"""
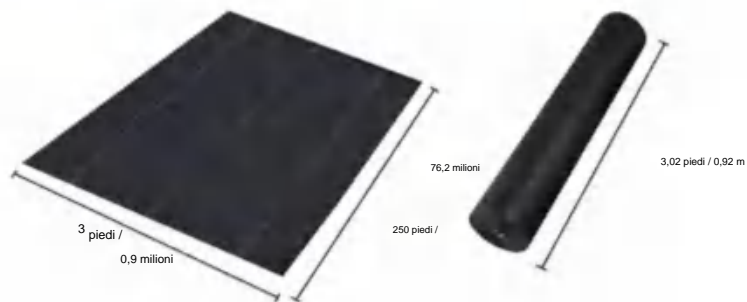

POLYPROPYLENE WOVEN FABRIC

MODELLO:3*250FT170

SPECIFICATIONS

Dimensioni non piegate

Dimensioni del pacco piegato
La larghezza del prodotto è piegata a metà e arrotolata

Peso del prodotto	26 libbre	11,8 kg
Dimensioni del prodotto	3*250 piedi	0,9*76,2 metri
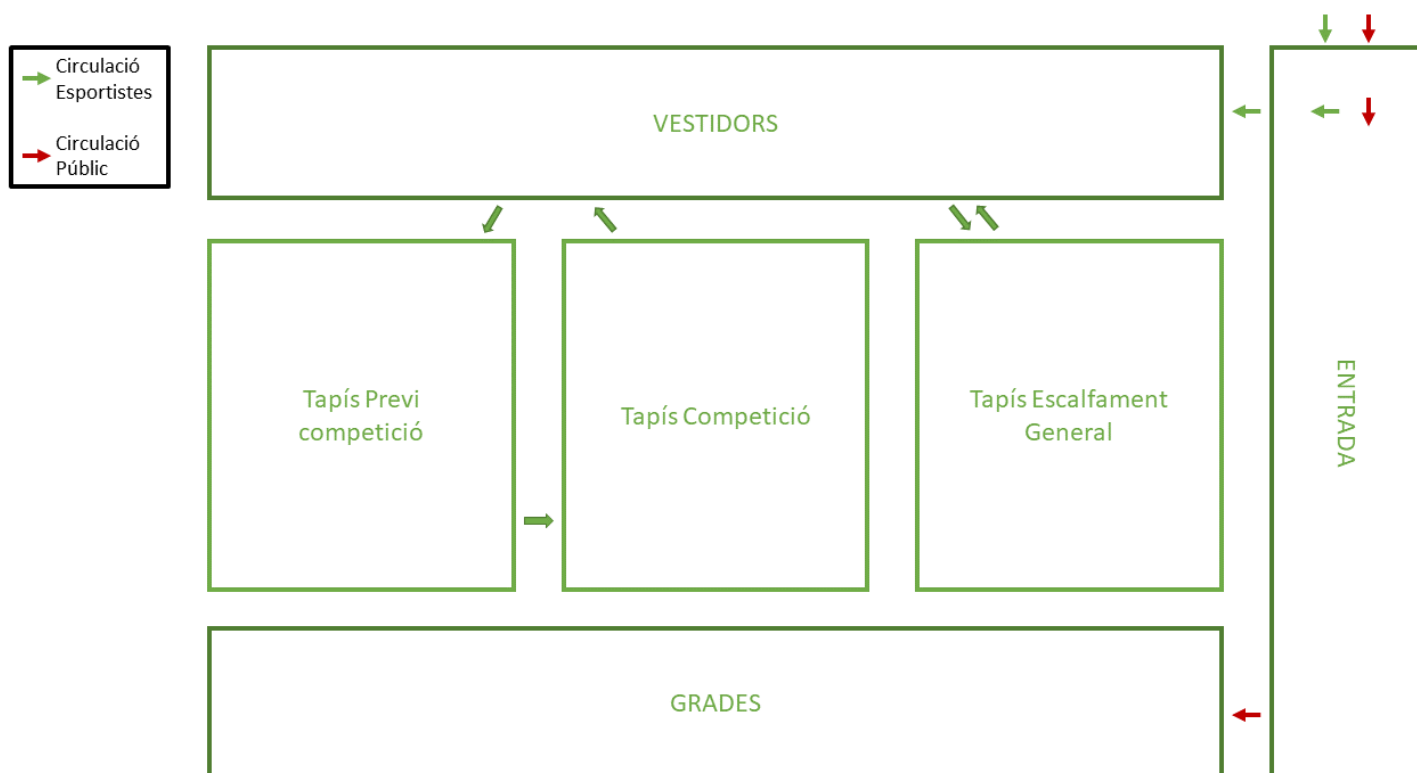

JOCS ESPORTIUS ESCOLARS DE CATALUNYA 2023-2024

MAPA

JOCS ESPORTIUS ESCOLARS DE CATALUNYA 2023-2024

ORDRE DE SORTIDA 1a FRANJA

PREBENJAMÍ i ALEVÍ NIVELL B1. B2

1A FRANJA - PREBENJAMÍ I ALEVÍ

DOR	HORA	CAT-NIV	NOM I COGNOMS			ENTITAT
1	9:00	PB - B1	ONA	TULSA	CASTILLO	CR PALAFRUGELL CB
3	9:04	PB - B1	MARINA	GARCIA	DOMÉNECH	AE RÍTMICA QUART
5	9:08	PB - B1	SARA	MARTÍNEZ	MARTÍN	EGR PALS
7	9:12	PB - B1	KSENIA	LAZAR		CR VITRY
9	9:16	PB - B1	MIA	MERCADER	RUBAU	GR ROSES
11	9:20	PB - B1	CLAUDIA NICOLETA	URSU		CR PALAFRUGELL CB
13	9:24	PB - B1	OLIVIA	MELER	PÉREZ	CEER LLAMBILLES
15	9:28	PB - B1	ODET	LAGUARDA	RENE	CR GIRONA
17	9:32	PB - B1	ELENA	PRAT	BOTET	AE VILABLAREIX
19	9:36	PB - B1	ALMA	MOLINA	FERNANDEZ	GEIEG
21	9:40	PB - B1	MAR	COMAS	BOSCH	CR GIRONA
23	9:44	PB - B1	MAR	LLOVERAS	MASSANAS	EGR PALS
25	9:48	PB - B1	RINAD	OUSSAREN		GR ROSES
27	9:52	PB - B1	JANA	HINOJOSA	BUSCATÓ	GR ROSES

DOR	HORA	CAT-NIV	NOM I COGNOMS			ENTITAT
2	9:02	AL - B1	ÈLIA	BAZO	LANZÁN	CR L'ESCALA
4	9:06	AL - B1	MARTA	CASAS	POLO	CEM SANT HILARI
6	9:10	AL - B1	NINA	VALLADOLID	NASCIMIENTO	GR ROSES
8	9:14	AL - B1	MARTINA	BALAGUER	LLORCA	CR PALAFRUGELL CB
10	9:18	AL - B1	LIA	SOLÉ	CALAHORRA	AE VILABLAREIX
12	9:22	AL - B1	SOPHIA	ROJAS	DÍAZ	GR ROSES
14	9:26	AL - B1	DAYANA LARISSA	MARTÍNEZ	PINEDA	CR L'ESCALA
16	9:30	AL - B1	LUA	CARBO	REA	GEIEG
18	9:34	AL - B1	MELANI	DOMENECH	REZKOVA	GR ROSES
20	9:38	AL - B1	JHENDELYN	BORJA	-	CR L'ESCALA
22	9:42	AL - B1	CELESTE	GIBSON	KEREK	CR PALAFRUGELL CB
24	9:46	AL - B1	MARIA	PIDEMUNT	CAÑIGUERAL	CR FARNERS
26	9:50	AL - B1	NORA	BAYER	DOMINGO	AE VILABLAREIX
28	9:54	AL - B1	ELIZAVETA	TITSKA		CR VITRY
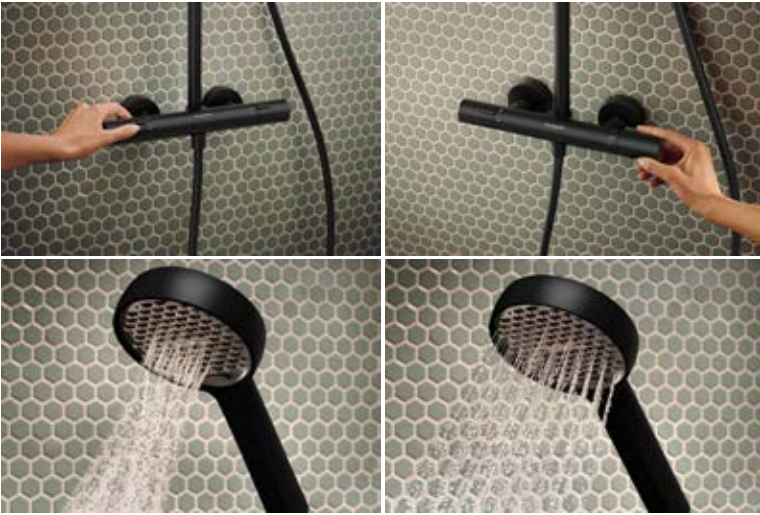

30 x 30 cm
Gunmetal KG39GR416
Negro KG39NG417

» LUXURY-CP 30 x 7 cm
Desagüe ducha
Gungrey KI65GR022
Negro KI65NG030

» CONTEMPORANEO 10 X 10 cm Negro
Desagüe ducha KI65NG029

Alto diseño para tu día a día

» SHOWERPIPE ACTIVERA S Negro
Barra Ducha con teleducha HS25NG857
"""
Exercise description
Your answer should be a single number: how many lines in the preceding entries contain "PALAFRUGELL".

Task solution
4